No es fácil probar estas afirmaciones. Quizá ni siquiera es posible. Pero hay algo que un observador sereno puede percibir: las personas que viven su fe con hondura son personas profundamente marianas. Para ellas, María es la madre que les regala a Jesús, que les permite vivir la fe como una relación personal, que les ayuda a descubrir en la trama de la vida ordinaria el misterio de Dios “hecho carne”, no simplemente hecho pregunta, hipótesis o sueño. Sin María, el cristianismo pasa a engrosar la lista de ideologías que se venden en el supermercado de las ideas. Sin María, el cristianismo pierde su sello maternal y se convierte en un conjunto de fríos e insignificantes dogmas que parecen infinitamente distantes de la cultura secular que hemos ido construyendo en los últimos siglos.

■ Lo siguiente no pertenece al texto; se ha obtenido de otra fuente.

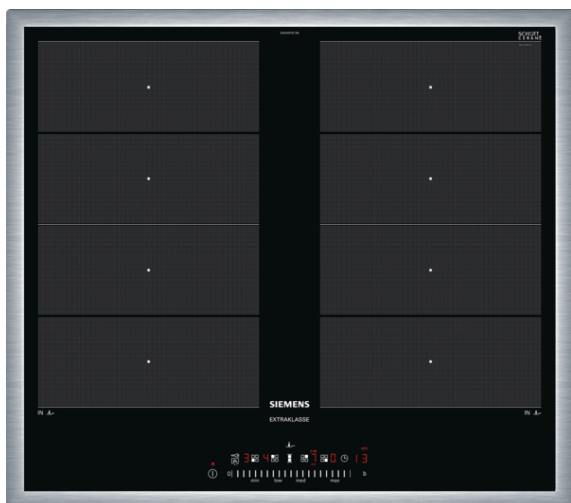

iQ700, Inductiekookplaat, 60 cm, zwart EX645FXC1M

Inductiekookplaat met innovatieve functies voor meer flexibiliteit bij het koken.

- ✓ Met de touchSlider-bediening kunt u de stand eenvoudig en direct instellen met een vingeraanraking of slide-beweging.
- ✓ braadSensor: behoudt de gewenste temperatuur van de pan na het opwarmen om aanbranden te voorkomen
- ✓ Kortere opwarmtijden met 50% meer vermogen dankzij de powerBoost-functie.
- ✓ Timer met uitschakelfunctie: schakelt de kookzone uit na de ingestelde tijd.
- ✓ Het kinderslot vergrendelt alle kookzones tegen onbedoelde handelingen.

Uitrusting

Technische Data

Productnaam/ Productfamilie : kookplaat glaskeramiek
 Uitvoering : Inbouw
 Energiesoort : Elektrisch
 Aantal zones dat tegelijk kan worden gebruikt : 4
 Inbouwfmetingen (hxbxd) : 55 x 560-560 x 490-500
 Breedte apparaat (mm) : 583
 Afmetingen van het apparaat h(min/max)xbxd (mm) : 55 x 583 x 513
 Afmetingen inclusief verpakking hxbxd (mm) : 126 x 753 x 603
 Nettogewicht (kg) : 13,871
 Brutoweight (kg) : 15,1
 Restwarmte indicator : Apart
 Positie bedieningspaneel : Voorzijde kookplaat
 Materiaal vangschaal : glaskeramisch
 Kleur oppervlak : RVS, zwart
 Kleur van de omlijsting : RVS
 Keurmerken : AENOR, CE
 Lengte elektriciteits snoer (cm) : 110
 EAN-code : 4242003716762
 Aansluitwaarde (W) : 7400
 Spanning (V) : 220-240
 Frequentie (Hz) : 50; 60

**iQ700, Inductiekookplaat, 60 cm,
zwart
EX645FXC1M**

Uitrusting

Algemene informatie:

- 4 Elektronisch geregelde inductiekookzones
- - Links: 1 x 380x230 mm / 3.3 kW (max. PowerBoost 3.7 kW) of 2 x Ø 200 mm / 2.2 kW (max. PowerBoost 3.7 kW)
- - Rechts: 1 x 380x230 mm / 3.3 kW (max. PowerBoost 3.7 kW) of 2 x Ø 200 mm / 2.2 kW (max. PowerBoost 3.7 kW)
- 2 flexZones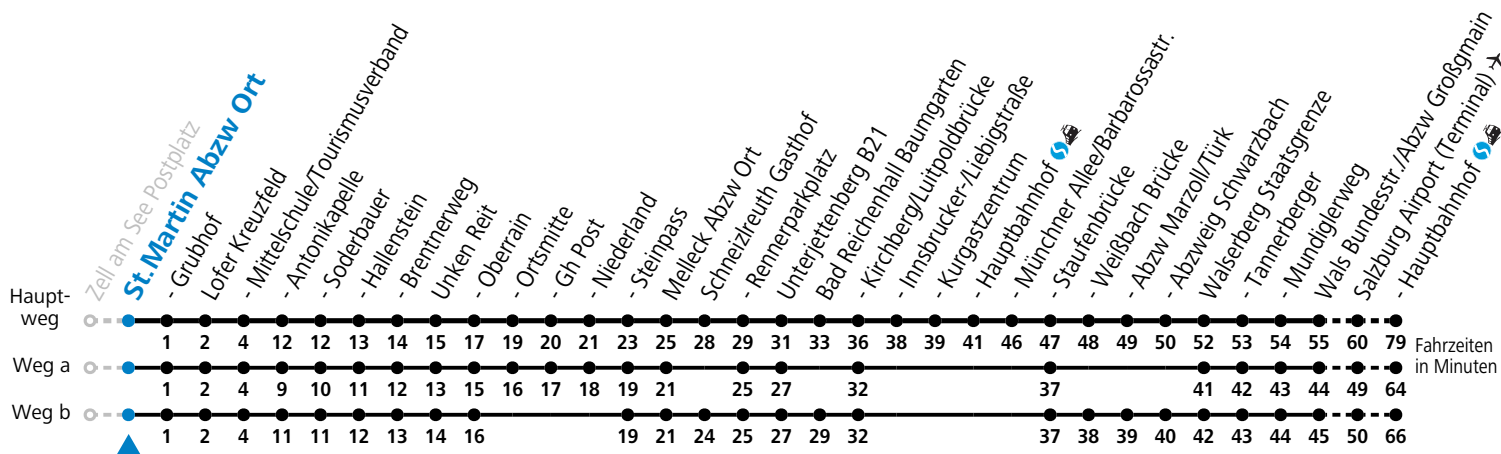

Gültig ab 10.12.2023.

Alle Angaben ohne Gewähr.

Montag - Freitag		Samstag		Sonn- und Feiertag	
5	36^a				
6	06^b_S 06	6	06		
7	29^c_S 34	7	34		
8	34			8	04
9	34	9	34	9	34
10	34				
11	34	11	34	11	34
12	34	12	34^c	12	34^c
13	34	13	34	13	34
14	06^a 34				
15	34	15	34	15	34
16	34	16	34^d		
17	10^d_S 34	17	34	17	34
18	34				
19	34	19	34	19	34
20	34	20	34		
22	34	22	34		

S = nur Montag bis Freitag, wenn Schultag in Salzburg a = fährt Weg a b = fährt Weg b c = bis Lofer Mittelschule/Tourismusverband d = bis Unken Steinpass

Im grenzüberschreitenden Verkehr ist ein gültiges Reisedokument erforderlich.

Bei innerdeutschen Fahrten werden ausgewählte Fahrkarten entsprechend dem jeweils aktuell gültigen RVO-Tarif ausgegeben bzw. anerkannt.

Am 24.12. und 31.12. (sofern nicht Sonntag) gilt der Samstag-Fahrplan

Es gelten die Feiertage und Schulferien des Bundeslandes Salzburg

Ferien im Bundesland Salzburg: 23.12.2023 bis 07.01.2024, 12. bis 18.02., 23.03. bis 01.04., 06.07. bis 08.09., 24.09. und 26.10. bis 02.11.2024 (Vorbehaltlich Änderungen durch die Schulbehörde)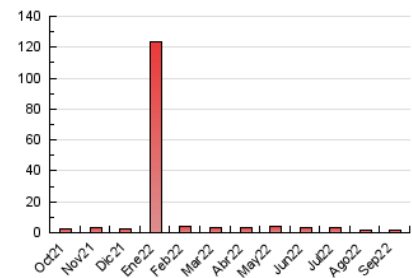

Pàgines (x 1000)

No me extraña nada que los santuarios marianos congreguen a tanta gente en todos los rincones del mundo, desde Luján (en Argentina) hasta Czestochowa (en Polonia) pasando por Fátima (Portugal) y Lourdes (Francia). Pero no hay que irse tan lejos. En la parroquia que está a unos metros de mi casa, una sencilla estatua de madera me está recordando una verdad como un templo. Algún día se me regalará la inocencia suficiente para aceptarla.